You should also never go alone or count on beach goers to help. Some may, but that does not mean they know what to do or how to do it. Take some one else or six that are sharking as well and you all help each other.


----------



## Bradley_G (Apr 12, 2012)

thats a great idea to use the weedeater line. Whats the pound rating on that stuff?


----------



## BuckMKII (Apr 12, 2012)

My 400lb test Momoi Hi catch mono is .80", so the .95" weedeater line has a diameter of 600lb mono. Both will hold my full 280lbs in a dead hang.

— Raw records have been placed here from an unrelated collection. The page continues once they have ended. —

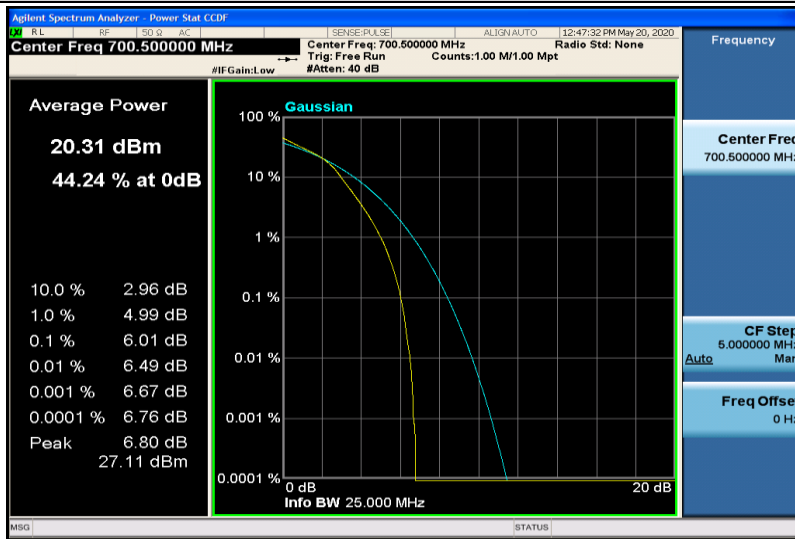

Band12-3MHz-16QAM-23025-15RB#0
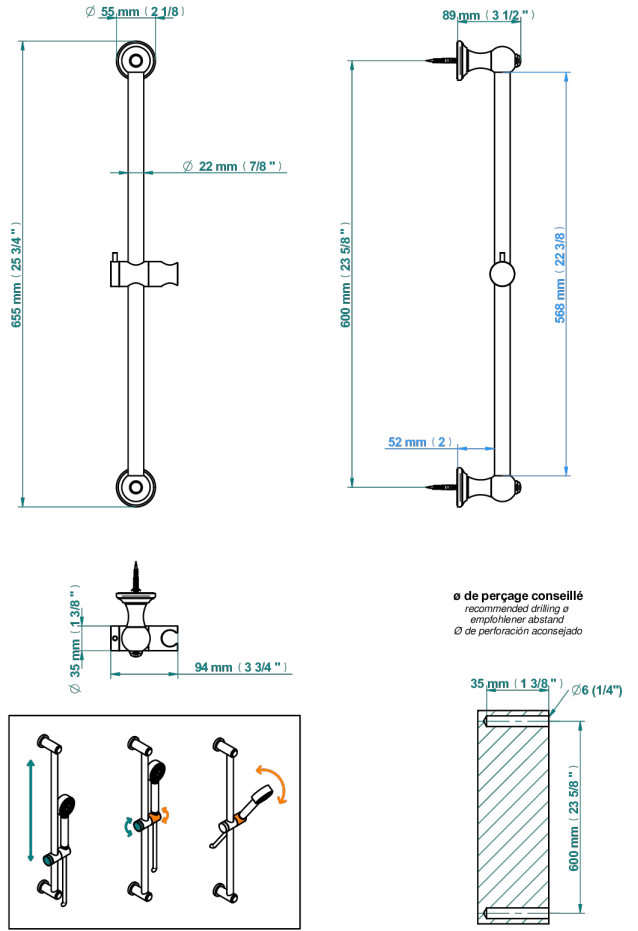

1900

G25-258

带标度尺升降杆

2407

24/01/2024

特色

- 1900
- 带标度尺升降杆

可选饰面

PVD棕铜 - F33
PVD金色 - H52
PVD镍 - H55
Umber PVD - H66
哑光复古铜 - H07
哑光浅金 - F31

哑光金 - F07
哑光铬 - C02
哑光镍 - C01
复古镍 - H28
抛光金 (24K金) - F01
抛光铬 - A02

抛光铬/抛光金 - G02
抛光镍 - B01
浅金 - F30
漆面铜 - D01

One thing about all mono leader is that I've found that I get more bites on it than with a steel bite section, but occasionally you do get bitten off even with circle hooks. I lost a huge shark this past fall on one.


----------



## pbmang (Apr 12, 2012)

Let us know how it goes.  I will be heading down there with some buddies in a few weeks and we are really looking forward to it.  Based on stuff I've read on surf shark fishing websites, I've been making up some leaders as well.  Anything from 280lb single strand wire and 12/0 or 13/0 circles all the way up to 480lb 49 strand wire with 20/0 circles.  I've got a few weed eater rigs made up as well.  

This will be our first trip ever doing this, so I'm excited to see what happens.  We are going to stagger our rig sizes and bait choices and see what may show up.  We figure that we will have the rods out for at least 3 days straight so we should hook up with something.


----------



## BuckMKII (Apr 12, 2012)

Also you may know how to properly crimp mono but if you don't here is how you do it. I also have been using a thimble but they are not necessary. The blob on the tag end really improves the holding power of the double barrel crimping sleeves.


----------



## pbmang (Apr 12, 2012)

Hey Buck, what crimpers do you use for the weed whacker line? Mine don't do a great job (I think they are a little small) and I'm pretty sure they will fail at some point.  I need to get a better set, just don't really know which ones are the best to get.


----------



## BuckMKII (Apr 12, 2012)

pbmang said:


> Hey Buck, what crimpers do you use for the weed whacker line? Mine don't do a great job (I think they are a little small) and I'm pretty sure they will fail at some point.  I need to get a better set, just don't really know which ones are the best to get.



On .95" weedeater line I use 2.4mm crimps. I found thin walled aluminum ones and thick walled copper ones. My hand crimpers only went up to 2.2mm so I sought out ways to make the crimps. For the thin walled ones I use the notch in Klein pliers. The secret here is to not over crimp and blob the tag end of the line so it can't pull back through. On the thick walled crimps I use the smallest hole in a cable swaging tool. These look like a set of bolt cutters 
with holes cut out in them.

Top to bottom Klein pliers, standard crimping tool, and cable swagers:


----------



## creteus (Apr 15, 2012)

Bradley, whats going on man? I buy my rigs preassembled from bass Pro. Its 9 foot of 400lb cable with a number 12 hook, but I run mine out on a kayak from the beach.


----------



## Bradley_G (Apr 17, 2012)

doing good creteus, you make it out much last year?


----------



## creteus (Apr 17, 2012)

I did ok by the looks of your picture you did to


----------